--- THE TASK ---
For the data below, report only the number of lines containing the string "campus".

BEGIN SUPPLIED ENTRIES

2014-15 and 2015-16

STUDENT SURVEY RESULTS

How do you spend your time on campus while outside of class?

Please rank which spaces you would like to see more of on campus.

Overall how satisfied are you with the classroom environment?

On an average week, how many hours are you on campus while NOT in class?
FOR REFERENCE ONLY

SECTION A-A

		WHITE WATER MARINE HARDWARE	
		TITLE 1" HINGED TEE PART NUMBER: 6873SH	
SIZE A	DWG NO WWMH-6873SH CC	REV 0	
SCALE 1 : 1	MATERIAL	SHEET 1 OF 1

END SUPPLIED ENTRIES
BEGIN SUPPLIED ENTRIES

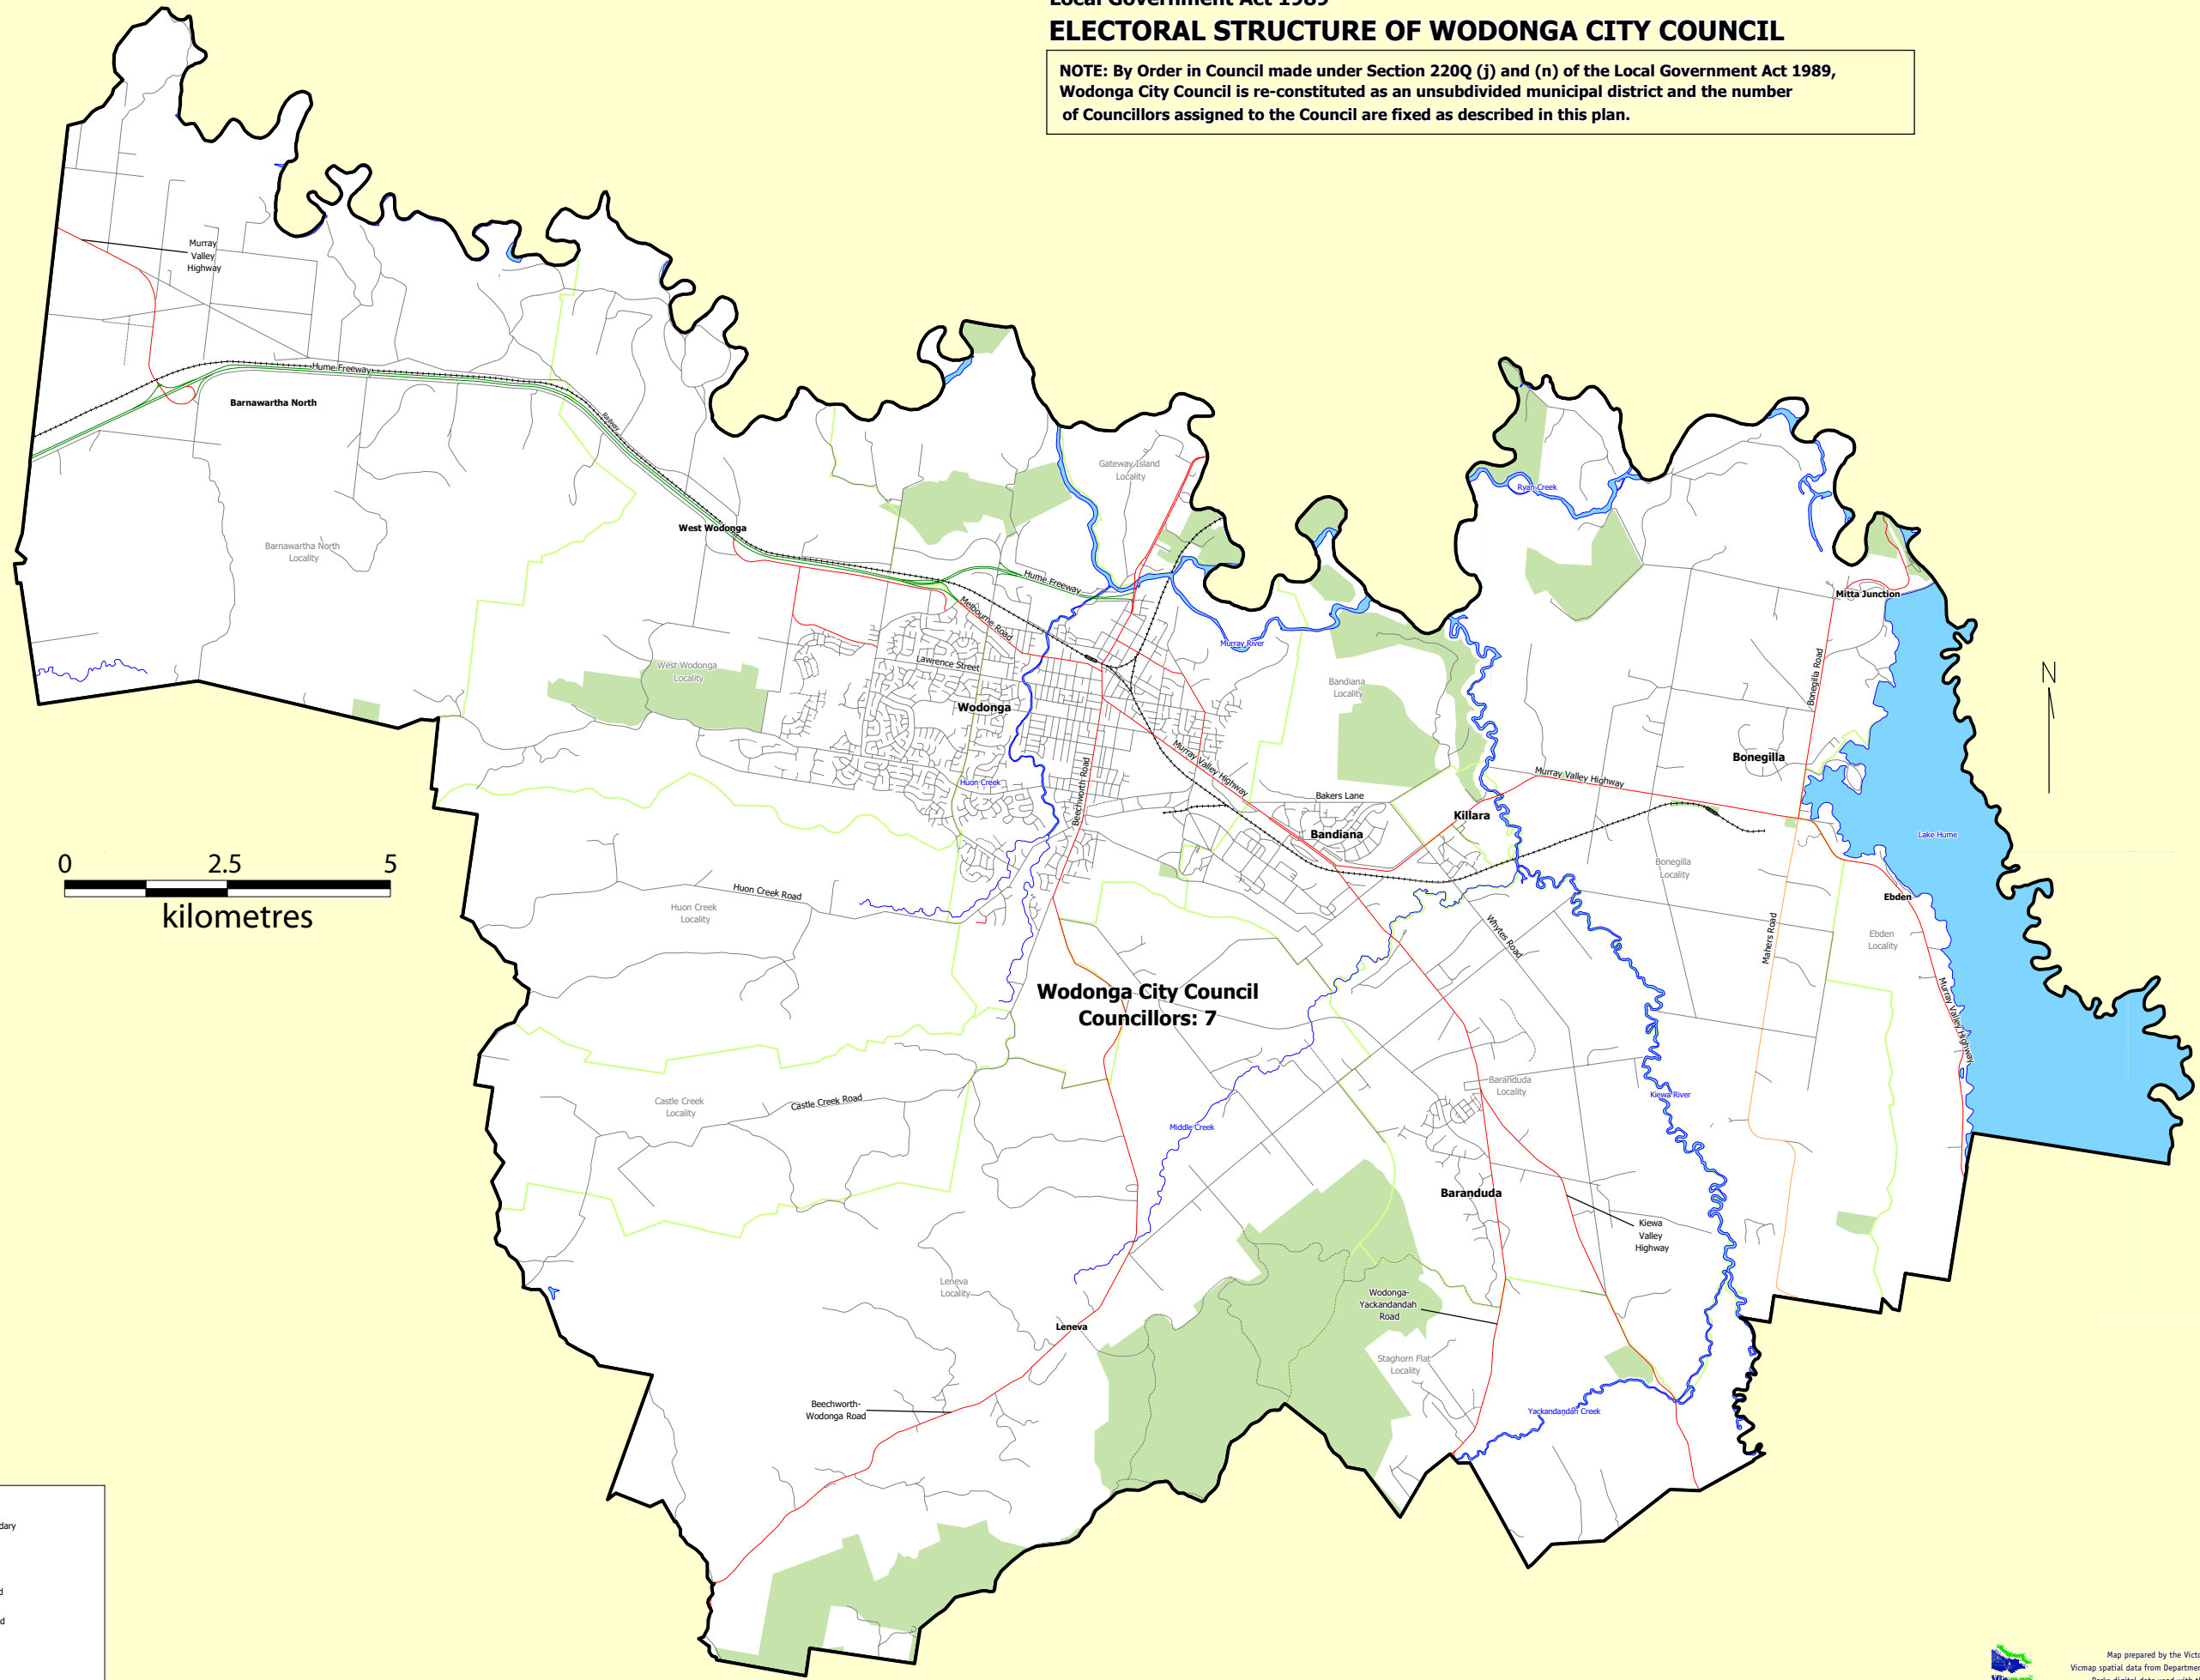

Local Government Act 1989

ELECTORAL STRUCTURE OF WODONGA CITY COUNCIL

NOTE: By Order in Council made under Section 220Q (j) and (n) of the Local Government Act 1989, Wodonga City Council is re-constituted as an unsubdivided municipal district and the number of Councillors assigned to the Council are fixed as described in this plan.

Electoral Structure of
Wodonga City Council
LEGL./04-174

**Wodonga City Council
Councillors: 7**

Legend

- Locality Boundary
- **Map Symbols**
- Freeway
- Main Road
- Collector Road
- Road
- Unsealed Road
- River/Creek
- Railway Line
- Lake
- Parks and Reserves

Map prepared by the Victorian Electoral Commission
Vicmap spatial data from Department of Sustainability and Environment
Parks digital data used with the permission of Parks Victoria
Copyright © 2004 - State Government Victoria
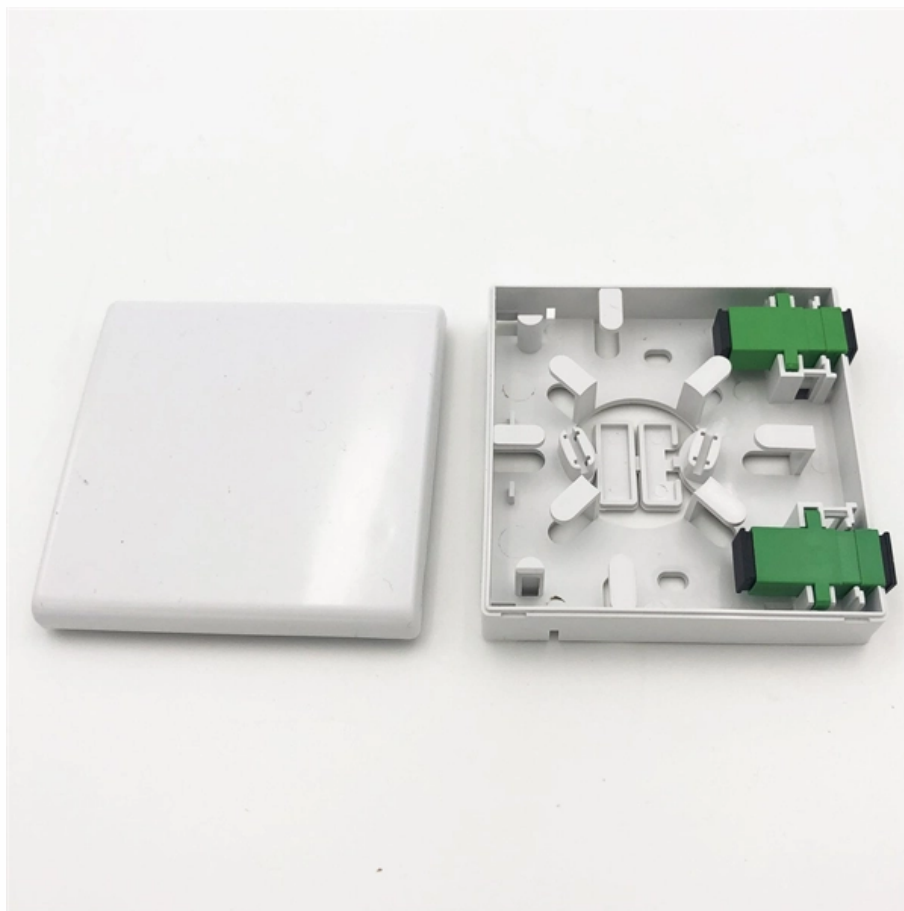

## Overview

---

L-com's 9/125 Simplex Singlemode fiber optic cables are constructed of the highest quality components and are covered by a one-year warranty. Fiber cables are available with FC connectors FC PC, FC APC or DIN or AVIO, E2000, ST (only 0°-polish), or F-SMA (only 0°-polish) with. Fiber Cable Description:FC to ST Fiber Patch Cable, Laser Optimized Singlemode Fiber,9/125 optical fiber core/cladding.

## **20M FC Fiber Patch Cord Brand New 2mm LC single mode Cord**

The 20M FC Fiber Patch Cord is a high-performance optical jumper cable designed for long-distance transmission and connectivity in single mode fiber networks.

END SUPPLIED ENTRIES

--- OUTPUT BELOW ---
3